First of all in shawnD's solution what did the three values k<-4, -4<k<8, and k>8 mean? From what I gathered in ShawnD's solution I got that when K<-4 and<8 then there are 2 real zeros. When K>-4 but <8 there are no roots, and when K>-4 and >8 there are also 2 real roots. I dont understand what was the value of k when there was only one double root? I dont understand how to go about doing this question. Can someone plz thoroughly explain to me plz

9. Dec 2, 2004

### Astronuc

Staff Emeritus
Going back to what ShawnD's first post -

$$x = \frac{-b +- \sqrt{b^2 - 4ac}}{2a}$$

is the solution to the general quadratic equation:

$$a\,x^2\,+\,b\,x+\,c\,=0$$

ShawnD simply took your original equation and rearranged corresponding terms to get -

10. Dec 2, 2004

### aisha

I get that much I need more help. I dont understand what are the values of k when there are no zeros 2 zeros and 1 zero, I tried to understand what shawn did but since he picked random numbers -5,0, 10 i got confused. read the post b4 this I explain what I dont get, Please help

11. Dec 2, 2004

### shmoe

Take a look at the quadratic formula,

$$x = \frac{-b \pm \sqrt{b^2 - 4ac}}{2a}$$

Pay close attention to the $$\pm\sqrt{b^2-4ac}$$ in it. If the discriminant is positive, the root is a real number. You get one root for the + and one root for the -. If the discriminant is zero, this square root is zero and the "two" roots are given by

$$x = \frac{-b \pm 0}{2a}$$

In this case the plus or minus yields the same answer, so we get one root (in this case it's usually called a "double root"). If the discriminant is negative, this square root is a complex number, and we again get two roots, one for the + and one for the 1.

To summarize,
1) two real roots if $$b^2-4ac>0$$
2) one real root if $$b^2-4ac=0$$
3) no real roots (both are complex) if $$b^2-4ac<0$$

So the number of real roots is entirely determined by whether the discriminant is positive, zero or negative.

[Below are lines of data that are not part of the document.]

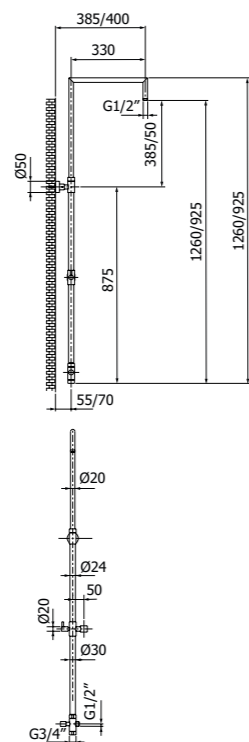

RICAMBI | SPARE PARTS

16000397

800491 --

FINITURE | FINISHING

CR	Cromo - Chrome	1.306,00
NB	Nickel spazzolato - Brushed nickel	2.351,00
OR	Oro - Gold	2.548,00
NE	Nero opaco - Matt black	1.960,00

SISTEMA COLONNA DOCCIA 03-C1 SQUARE
- RIALTO interamente in ottone, completa di miscelatore monocomando esterno doccia a parete, soffione monogetto 169-1L EasyClean 190x370mm - H 7mm, flessibile doppia aggraffatura calotta conica girevole anti-torsione L 1500mm e doccetta monogetto 169-1 EasyClean

Full brass 169-1 - RIALTO SHOWER COLUMN 03-C1, composed of wall mounted single lever shower mixer, single spray EasyClean 169-1L showerhead 190x370mm - H 7mm, double interlock anti-torsion conical swivelling flexible hose and EasyClean single spray 169-1 hand shower

RICAMBI | SPARE PARTS

16000397
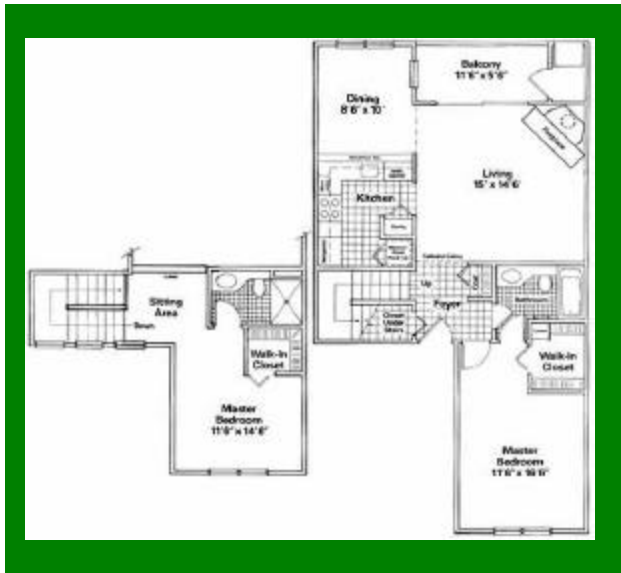

- Located off Geddes Rd. east of M-23
- 23.3 miles from Detroit Metro Airport
- 54.7 miles from Bishop Internat'l Airport (Flint)
- 72.8 miles from Capital City Airport (Lansing)

Amenities

- 2 bedroom, 2 bath apartment
- Tasteful furnishings
- Cookware & dishes
- Linens
- Television, VCR & microwave
- Basic telephone service
- Expanded basic cable
- Gas, electricity & water
- Washer & dryer in suite

In this case, $$b^2-4ac=k^2-4k-32=(k-8)(k+4)=f(k)$$

This is a continuous function in the variable k, (labeled f(k) for convenience). So we just need to determine where f is positive, zero, or negative. We easily see it's zero when k=-4 or 8 easily enough, these will be the points where we have 1 root.

What is it's sign when k<-4? Since f is continuous, it's either positive or negative on any interval where it has no zeros. $$(-\infty,-4)$$ is such an interval. So, to find its sign on this interval it's enough to determine its sign at any point on the interval. Shawn took -5, but you could take any number you like that's less than 4. We see f(-5)=(-13)(-1)=13, which is positive, so f is positive when x<-4 and we therefore have 2 real roots when x<-4.

To see what the sign of f is if -4<x<8, you can again substitute any point on this interval you like, since f has no zeros here and is continuous, this is where Shawn's 0 came from. Likewise the 10 was to see what happens when x>8.

You might want to graph f(k) at this point, to get a better idea of what's going on.

12. Dec 2, 2004

### primarygun

k accompanies with a x term.

13. Dec 2, 2004

### Nylex

I can't believe I'm so stupid . Methinks I might have known that, it was just an off day or something . Thanks shmoe!

14. Dec 2, 2004

### Tom Mattson

Staff Emeritus
I'd like to thank everyone for their contributions, and at the same time remind everyone that we have a prohibition against posting complete solutions to homework problems. Students are expected to show how they started and where they got stuck, and then we help by giving them a little nudge.

Carry on,

15. Dec 2, 2004

### aisha

Ok THANKS SOOOO MUCH EVERYONE!!! I HOPE I GOT IT, lol. When k=8, and -4 then there is one zero, when k<8 but >-4 then there are no real roots. When k<-4 and >8 then there are two real zeros.

U guys tried so hard to explain but the algebra kept going over my head, I got these answers by sketching a graph with the zeros -4 and 8 and then just looked at the values as they became negative and positive? I hope this is correct? Thanks soo much Im going to need a little more time to absorb all ur explanations.